Before we go into any detail let’s just step back and look at the larger picture. We have:
Unknown researchers
A journal from outside the field of finance
A paper replete with pretty colored images, but very skimpy detail on the methodology
A claimed result that lies far beyond the bounds of credibility
There’s enough red flags here to start a stampede at Pamplona. Let’s go through them one by one:
Everyone is unknown at some point in their career. But that’s precisely why you partner with a widely published author. It gives the reader confidence that the paper isn’t complete garbage.
Not everyone gets to publish in the Journal of Finance. I get that. How many of us were regular readers of the Journal of Political Economy before Black and Scholes published their famous paper on option pricing in 1973? Nevertheless, a finance paper published in a medical journal does not inspire great confidence.
Read almost any paper by a well known researcher and you will find copious detail on the methodology. These days, the paper is often accompanied by a Git repo (add 3 stars for this!). Academics producing quality research want readers to be able to replicate and validate their findings. In this paper there are lots of generic, pretty colored graphics of deep learning networks, but no code repo and very little detail on the methodology. If you don’t want to publish details because the methodology is proprietary and potentially valuable, then do what I do: don’t publish at all.
One-day ahead forecasting accuracy of 53%-55% is good (52%-53% in HFT). 60% accuracy is outstanding. 90% – 95% is unbelievable. It’s a license to print money. So what we are being asked to believe is through a combination of data smoothing (which is all DWT is), dimensionality reduction (stacked autoencoders) and long-memory modeling, we can somehow improve forecasting accuracy over, say, a gradient boosted tree baseline, by something like 40%. It simply isn’t credible.
These simple considerations should be enough for any experienced quant to give the paper a wide berth.
Digging into the Methodology
Discrete Wavelet Transform
So we start from a raw dataset with variables that closely match those described in the paper (see headers for details). Of course, I don’t know the parameter values they used for most of the technical indicators, but it possibly doesn’t matter all that much.

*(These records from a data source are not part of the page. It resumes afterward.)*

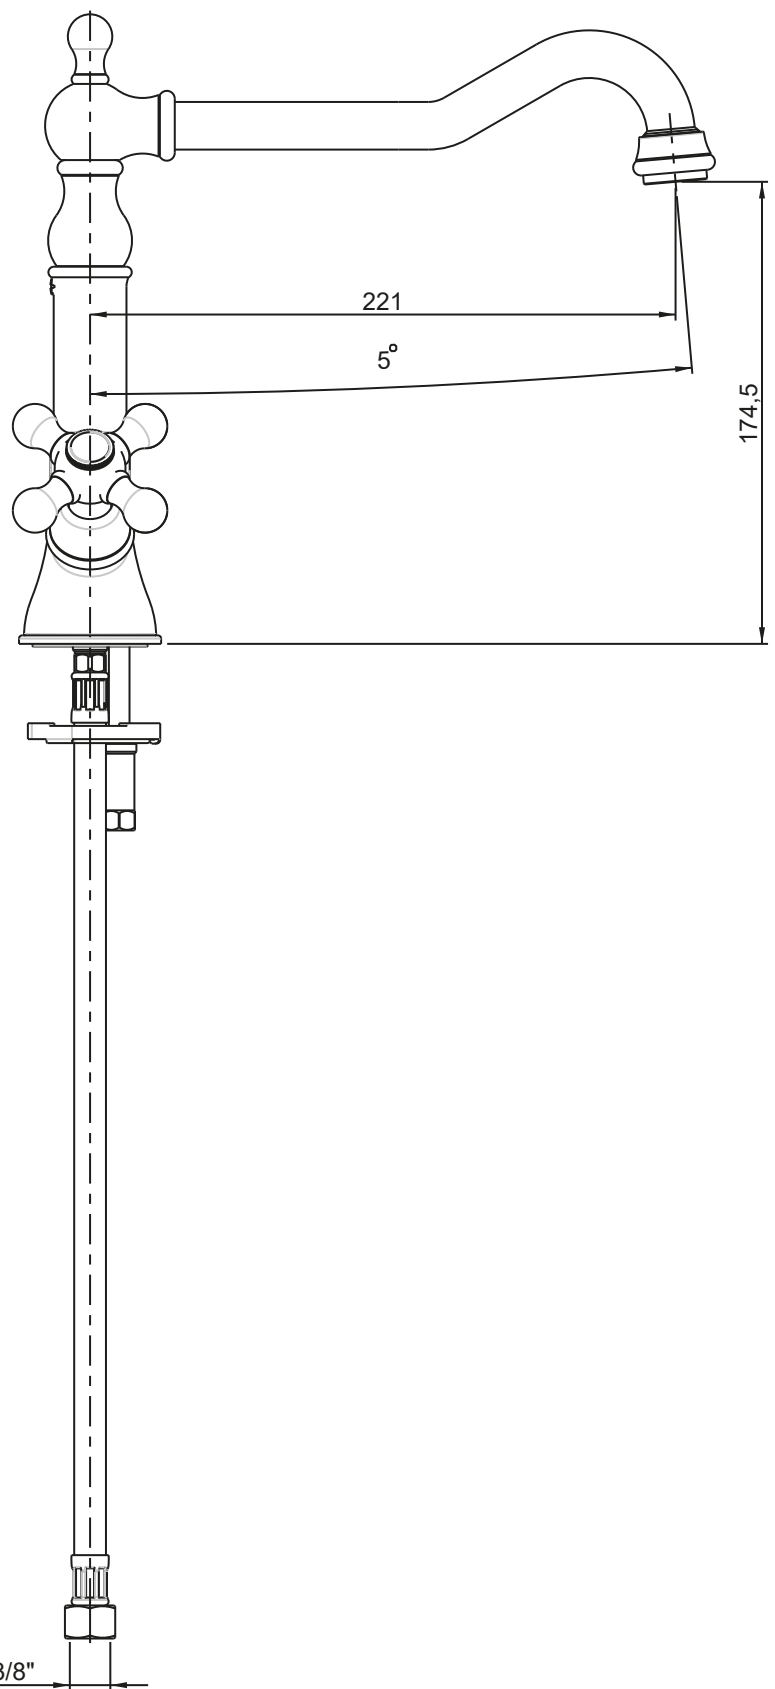

ROTATION
DEGREES

ROTAZIONE CANNA:
SPOUT ROTATION:

360°

RUBINETTERIE

F.lli Frattini

Denominazione: MONOFORO CUCINA CANNA ANTICA
SERIE DEDRA

Art.N°:

21865

Scala: 7:20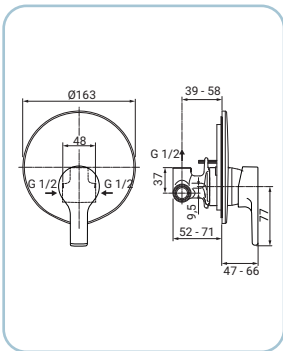

SCARUB0920CR

Miscelatore monocomando incasso doccia, finitura cromo, cartuccia a dischi ceramici Ø 47 mm

Concealed shower mixer, chrome finish, Ø 47 mm ceramic disc cartridge

Unterputz-Brausearmatur, Chromoberfläche, Ø 47 mm Keramikkartusche

Mitigeur douche à encastrer chromé, cartouche céramique Ø 47 mm

Note that I am applying DWT using the Haar wavelet twice: once to the original data and then again to the transformed data. This has the effect of filtering out higher frequency “noise” in the data, which is the object of the exercise. If follow this you will also see that the DWT actually adds noisy fluctuations to the US Dollar index and 13-Week TBill series. So these should be excluded from the de-noising process. You can see how the DWT denoising process removes some of the higher frequency fluctuations from the opening price, for instance:
2. Stacked Autoencoders
First up, we need to produce data for training, validation and testing. I am doing this for just the first batch of data. We would then move the window forward + 3 months, rinse and repeat.
Note that:
(1) The data is being standardized. If you don’t do this the outputs from the autoencoders is mostly just 1s and 0s. Same happens if you use Min/Max scaling.
(2) We use the mean and standard deviation from the training dataset to normalize the test dataset. This is a trap that too many researchers fall into – standardizing the test dataset using the mean and standard deviation of the test dataset is feeding forward information.
The Autoencoder stack uses a hidden layer of size 10 in each encoder. We strip the output layer from the first encoder and use the hidden layer as inputs to the second autoencoder, and so on:
3. Benchmark Model
Before we plow on any further lets do a sanity check. We’ll use the Predict function to see if we’re able to get any promising-looking results. Here we are building a Gradient Boosted Trees predictor that maps the autoencoded training data to the corresponding closing prices of the index, one step ahead.
Next we use the predictor on the test dataset to produce 1-step-ahead forecasts for the closing price of the index.
Finally, we construct a trading model, as described in the paper, in which we go long or short the index depending on whether the forecast is above or below the current index level. The results do not look good (see below).
Now, admittedly, an argument can be made that a properly constructed LSTM model would outperform a simple gradient-boosted tree – but not by the amount that would be required to improve the prediction accuracy from around 50% to nearer 95%, the level claimed in the paper. At most I would expect to see a 1% to 5% improvement in forecast accuracy.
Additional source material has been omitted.